Thompson became an intimate of the Meynell circle. Though he never entirely gave up the opium habit, except for intermittent periods, he conquered it sufficiently to apply himself to the writing of great poetry. His shyness and quick sensibility often made his life miserable. He died, 1907, of tuberculosis.
Due to the mounting chorus in praise of Hopkins, and the fashionable instability of much of Catholic criticism, Thompson no longer receives the attention which should be given him. In his great odes Thompson, following the Liturgy, used the signs in nature correctly, as manifestations of the sacramental character of the universe. In a series of daringly flamboyant figures he piles magnificent picture upon picture until the world of beauty stands out clearly as the house of God.
Some critics have censured his tendency toward florid magnificence, but they do it without taking into account Thompson's purpose, which contrary to the vague surface worship of nature indulged to the full by the Romantic poets, was a successful attempt to look behind the glowing fagade of nature into the very purpose of the forms of creation. If the outer forms were baroque and florid, God's world, as he made it, stood revealed in a thousand dazzling pictures which were but the façade of revealed glory. Christ walks the murky waters of the Thames, His face looks out, as well, through the frozen bread of the snowflakes, and the fountains of His beauty pour in cascades from the rainbows on the Sussex downs. Eye had not seen, but tongue might declare a purpose and discern a pattern.

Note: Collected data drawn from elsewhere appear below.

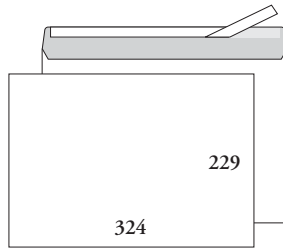

211400 C4 NATURA SSS
strip-seal flap on long edge, compact
grey inside print,
100 g FSC-certified paper
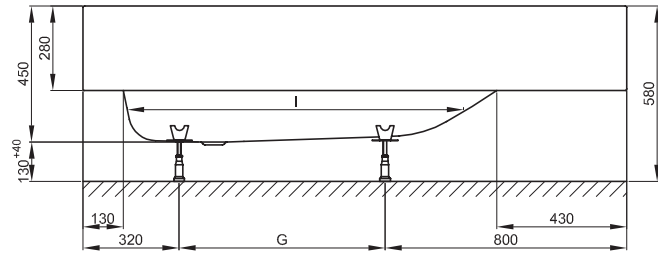

**BETTEONE RELAX HIGHLINE**

Design: Tesseraux + Partner

with wood panelling

with tile and plaster base without tiles

Adequate position to connect the drainage

Dimension	A	B	G	I	K	N	O	U	V	article no.	volume **
180 x 80 x 45 cm	1800	800	680	1080	515	480	690	433	100	3323 CFXXH	<b>155 litre</b>
190 x 90 x 45 cm	1900	900	780	1165	600	570	740	438	105	3324 CFXXH	<b>210 litre</b>

all measurements in mm.
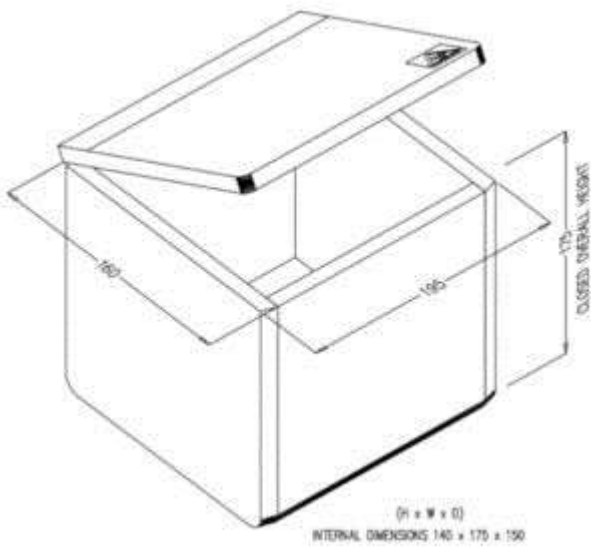

Gamma Radiation Boxes

SKU: [See Product Page](#)

Cleaver Scientific storage boxes are manufactured with hinged lids and accommodate interchangeable inserts to hold microtubes, centrifuge tubes, scintillation vials, universals, cryotubes and falcon tubes.

Gamma Tip Boxes

SKU: [See Product Page](#)

Cleaver Scientific storage boxes are manufactured with hinged lids and accommodate interchangeable inserts to hold microtubes, centrifuge tubes, scintillation vials, universals, cryotubes and falcon tubes.

•

Transport Box 7.5 x 29.5 x 38 cm

SKU: **CSR-B8G**

Cleaver Scientific storage boxes are manufactured with hinged lids and accommodate interchangeable inserts to hold microtubes, centrifuge tubes, scintillation vials, universals, cryotubes and falcon tubes.

Sister Songs, Thompson's first book of poems, was dedicated to the Meynell family. It is a graceful and facile collection of poems, sometimes marred by a confusion of Victorian and Renaissance attitudes toward the Meynell girls and their mother Alice.
Of Thompson's later work his "Hound of Heaven" is perhaps his most beautifully integrated poem. Because of its universal appeal, it has, unfortunately overshadowed his great odes "To the Setting Sun," "Orient Ode," and the superb but revealing economy of his ode "To the Dead Cardinal of Westminster," written upon the death of Cardinal Manning.

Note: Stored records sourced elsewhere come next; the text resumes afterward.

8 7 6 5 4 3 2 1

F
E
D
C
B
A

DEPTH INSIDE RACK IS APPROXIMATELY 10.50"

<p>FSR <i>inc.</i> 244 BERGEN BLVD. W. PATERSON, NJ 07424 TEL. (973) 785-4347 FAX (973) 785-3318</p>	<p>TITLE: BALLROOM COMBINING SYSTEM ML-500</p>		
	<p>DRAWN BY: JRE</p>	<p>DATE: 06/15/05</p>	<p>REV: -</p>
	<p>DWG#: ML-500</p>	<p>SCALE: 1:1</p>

Of equal rank with these are the "New Year Chimes," a rhythmical commentary on the eternity of God, and the "Mistress of Vision," a dream treatise on divine wisdom. In "Assumpta Maria" Thompson reached the zenith of his power to combine the natural and the supernatural.
His poems are most easily studied in the excellent edition edited by Terence Connolly, S.J. This edition has adequate textual notes except for "New Year's Chimes" and the "Mistress of Vision."
Thompson's prose is still admired by many critics. Of his critical essays the one on Shelley is perhaps the most complete and artistically balanced. Thompson's love of Shelley fails to dim his critical faculties and though his praise of Shelley's excellences verges on baroque writing, the essay is a critical masterpiece, for "love begets knowledge where the hard mind fails."
His excellent and definitive biography, by Everard Meynell, was published in 1916.